Figuring out which date to prepend turned out to be a trickier than it first appeared. At first glance you just go through the file one line at a time and every time you find a TIMESTAMP you write that date to the start of the following lines. But TIMESTAMP lines are written at an intervals of six hours. So you end up with sections of the log that look like this
22:26:18 (lmgrd) TIMESTAMP 5/22/2013
23:19:37 (MLM) OUT: "MATLAB" ringo@blah1
23:21:07 (MLM) OUT: "MAP_Toolbox" john@blah2
23:45:24 (MLM) IN: "MATLAB" paul@blah3
23:45:24 (MLM) IN: "MAP_Toolbox" george@blah4
0:19:37 (MLM) OUT: "MATLAB" ringo@blah1
0:21:07 (MLM) OUT: "MAP_Toolbox" john@blah2
0:45:24 (MLM) IN: "MATLAB" paul@blah3
0:45:24 (MLM) IN: "MAP_Toolbox" george@blah4
4:26:18 (lmgrd) TIMESTAMP 5/23/2013
Well not exactly like that, for one thing MLM also writes TIMESTAMP lines and secondly I've copy/pasted some lines and changed the hour, but it illustrates the problem. The first TIMESTAMP in that example is on the 22nd. So in the above example the 22nd would be prepended to all the IN and OUT lines. But look at the time of the last four IN and OUT lines, they actually happened on the 23rd. The way I dealt with that was to also track the hour. When a TIMESTAMP is found the hour is noted and stored as $hour_last_verified. When an IN or OUT line is encountered, the hour is extracted and if it's less than $hour_last_verified, e.g. $hour_last_verified is 23 and the hour just found is 0, then the date prepended is incremented by a day. (It's actually helpful that the time format used is a half arsed 24 hour clock, half arsed because the hour value isn't padded with a leading zero yet the minutes and seconds are. So you don't have mess around converting 02 in to 2 to do an integer comparison. My script pads the hour value in the ouput for neatness.)
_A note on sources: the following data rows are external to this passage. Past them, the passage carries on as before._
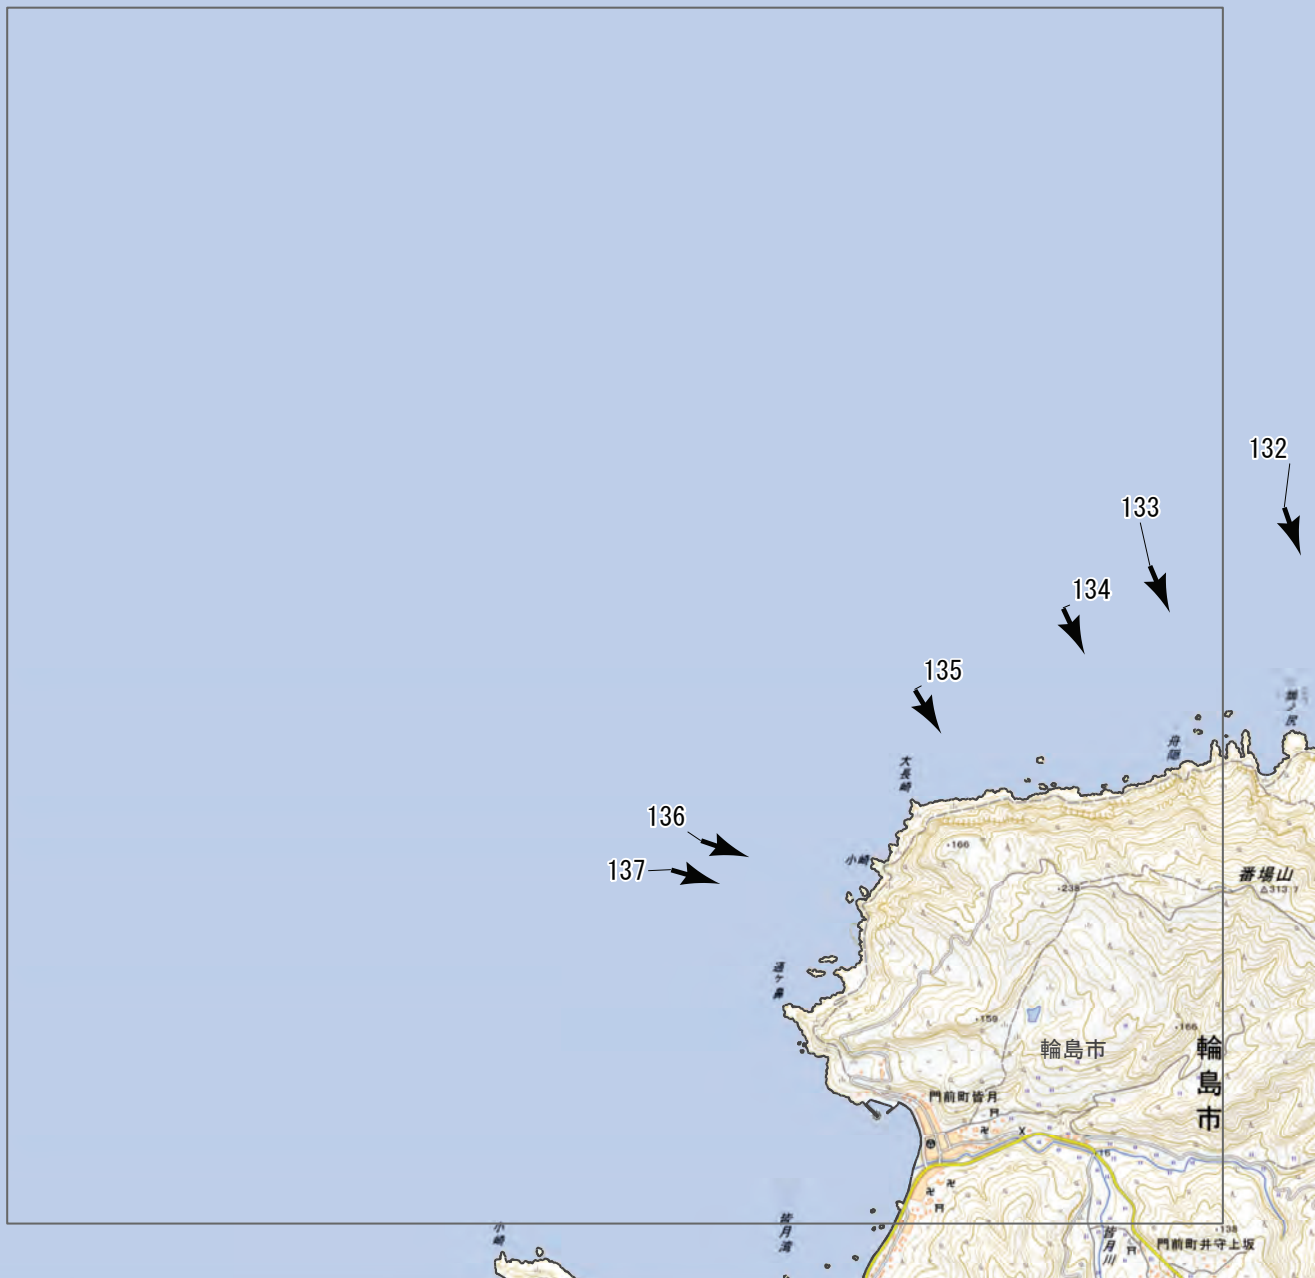

概観図

2024年 1月

令和6年 能登半島地震

航空写真 標定図 2

2024年 1月 2日 撮影

撮影場所 石川県

Incrementing the date by a day turned out to be surprisingly problematic too. The script is written in bash, so the obvious way to do something like figure out what the day after a certain date is is to call the date command. This is very easy with GNU date, but sadly Mac OS X and Solaris don't ship with GNU userland and whatever date command they ship with lacks the functionality you'd use with GNU date. I decided I wanted to make life difficult for myself by having the script work on Linux, Mac OS X and Solaris. I then spent far longer than was sensible trying to figure out a single way of doing the date calculation that would work on Linux, Mac OS X and Solaris without resorting to python or perl. I've concluded it's impossible. So the script looks to see if it can find what appears to be GNU date installed somewhere, then the date calculation is done by trying to do it the GNU way then if that fails, doing it another way. (If you want to get GNU userland on Mac OS X, install MacPorts and then install the coreutils package.)
It turned out flexlm_add_dates_to_log can take a while to run if you have a very large file, like the 3million line long one I had. (In my tests anything from 45 minutes upwards.) So I wrote a wrapper script for it flexlm_add_dates_to_log_multi_thread_wrapper which splits the log file in to N chunks, where N is the number of CPU cores, processes them simultaneously then outputs the result to stdout. In my tests it's up to 80% quicker. As with flexlm_add_dates_to_log, this was also more problematic than I initially expected, but I won't bore you with how.
The question of who has checked out license between two dates is actually possible to answer from the raw flexlm log. I figured out how to do it with sed and a regular expression that matched TIMESTAMP lines, but then I negected to save a copy of the regex anywhere and also it required the date to be provided in the US date format. The script I wrote to do it using the output of flexlm_add_dates_to_log is flexlm_checkout_between_dates. It takes input from a file so you'll have to write the output of flexlm_add_dates_to_log to a file first. I didn't bother making flexlm_checkout_between_dates read from stdin because it would be very inefficient to keep running flexlm_add_dates_to_log then piping the output in to flexlm_checkout_between_dates.